> Activity: Quote the listing in full, exactly as given, minus any pictures.

> Recorded information:
::::::

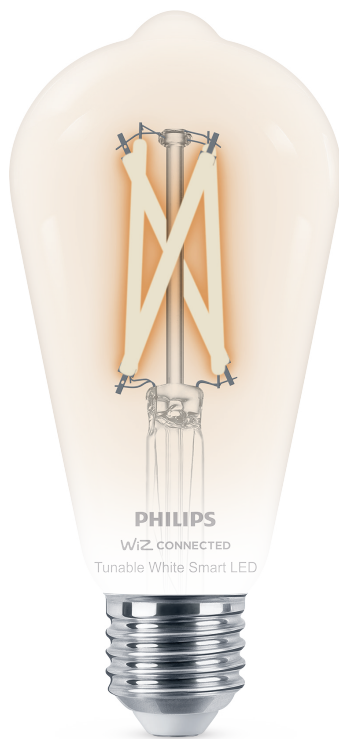

# PHILIPS

Нажежаема жичка в  
прозрачна колба ST64 E27

Светодиодно осветление  
Smart

Нюанси на бялото

Съкло

Wi-Fi + Bluetooth

Управлявайте чрез  
приложението WiZ или с глас

8719514372245

## Изберете между топла или студена бяла светлина

Формата в стил Едисон и меката до студена бяла светлина на тази интелигентна светодиодна лампа с нажежаема жичка Philips придават ретро стил на всяка стая. Тази лампа е свързана с WiZ. Използвайте със съществуващата ви Wi-Fi мрежа, за да управлявате с приложението WiZ или с гласа си.

::::::

> Output of the exercise:
# PHILIPS

Нажежаема жичка в  
прозрачна колба ST64 E27

Светодиодно осветление  
Smart

Нюанси на бялото

Съкло

Wi-Fi + Bluetooth

Управлявайте чрез  
приложението WiZ или с глас

8719514372245

## Изберете между топла или студена бяла светлина

Формата в стил Едисон и меката до студена бяла светлина на тази интелигентна светодиодна лампа с нажежаема жичка Philips придават ретро стил на всяка стая. Тази лампа е свързана с WiZ. Използвайте със съществуващата ви Wi-Fi мрежа, за да управлявате с приложението WiZ или с гласа си.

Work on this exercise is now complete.